Letters

Right of reply: Land policy elitism smear far off track

Hilton Toolo

Land Acquisition Strategy officials have made a habit of peddling disinformation, says department of rural development and land reform's Hilton Toolo.

The rural development department insists that its land strategy over the next five years will prioritise smallholders, labourers and communal farmers over the affluent. (David Harrison, M&G)

I refer to the Mail & Guardian comment piece titled "ANC land policies: Talk left, walk right?", in which reference is made to policies developed by the department of rural development and land reform.

Contrary to the perception that the department released its policies "without publicity" and that they were "developed with little or no consultation with stakeholders" and were reminiscent of "state paternalism", there was extensive consultation over 22 months to November 2013.

Several rural nongovernmental organisations (NGOs) participated and continue to participate in work on the details arising from the green paper on land reform. Among these are the land tenure security policy for commercial farming areas and the communal land tenure policy.

These two policies deal with farm dwellers' and workers' tenure and their rights to land and development, as well as those of communities living in traditional communal areas.

Furthermore, a number of such institutions, including the Institute for Poverty and Agrarian Studies itself, have made submissions on the green paper and legislation gazetted for public comment. It is thus wrong for senior officials of the Proactive Land Acquisition Strategy to state that policies were released without publicity, sufficient communication and in a "paternalistic" manner.

Its learned colleagues have made a habit of peddling misinformation. On a number of occasions, Rural Development Minister Gugile Nkwinti and departmental director general Mdu Shabane have asked them to partake in the policy process, but they recused themselves.

In line with the principle of "equitable access to land across race, gender and class", South Africa will continue to support various beneficiaries, including those bordering on being commercial farmers, communal owners, farm workers, co-operatives and labour tenants.

South Africans interested in farming, who are affluent and need additional land, are allowed to apply, but to call the programmes "elitist" or create the impression that it is primarily such persons that we have given land to is incorrect.

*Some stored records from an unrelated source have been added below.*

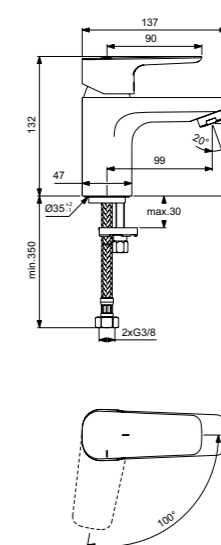

Без донного клапана
Технология BlueStart®
Картридж на керамических дисках FirmaFlow®
Поставляется с гибкой подводкой G3/8 PEX
Аэратор с ограничением потока 5 л/мин
Система монтажа EasyFix® (облегченный монтаж)
Покрытие SmartShine®
Картридж LightMove®
Комфортное расстояние:
Высота 70 мм

Over the next five years, the department is targeting the delivery of four million hectares to smallholder farmers. Furthermore, the integrated implementation plan for the animal and veld management programme, launched by the minister in August 2013, targets the release of 25 farms per province from state land for the purpose of decongesting communal areas and addressing the needs of performing smallholders who need additional land and performing ­subsistence farmers who are ready to be graduated to smallholders.

These area-based approaches and the implied subdivision of property suggests a clear smallholder strategy that also addresses the creation of job opportunities in soil rehabilitation and greening these areas.

The learned professors call for a smallholder strategy, yet describe as "ludicrous and anti-poor" an approach that will set a minimum amount of land, as suggested by the agricultural land holdings policy framework.

We have further proposed to commercial farmers that they consider a solution to the impasse, and make land available for farmworkers and farm dwellers. They have responded relatively positively and the details are to be teased out. If a deal is reached, it would be historic.

In addition, it is misrepresentation of the policy to state that "traditional leadership is being given greater powers of land administration".

The intention of policy in this area is to regulate decision-making on land administration, management and development, as well as what happens to the proceeds from ­enterprises developed on these lands.

The policy proposes three fundamental instruments that have the potential to shift power relations in favour of the community, as the Constitution intends. These are decisions on land based on substantive quorums indicated by household representation rather than numbers attending decision meetings, and the policy further proposes that household rights to land are clearly demarcated to realise "communal land with institutionalised use rights".

Portion allotments to households, the commons and strategic natural resources will be subdivided and the rights to these clearly specified.

This is the substance of the policy, and how "power is being transferred to traditional leaders" is known only to our learned colleagues.

Whatever institution is in place, whether it be a traditional leader or communal property association or both, the substantive issue is the power of decision-making and where it lies. Indeed, the risk will be in the practice and the existing imbalance of power, and it is here that rural NGOs and community-based organisations have a critical role to play.

Hilton Toolo is head of policy ­development in the department of rural development and land reform.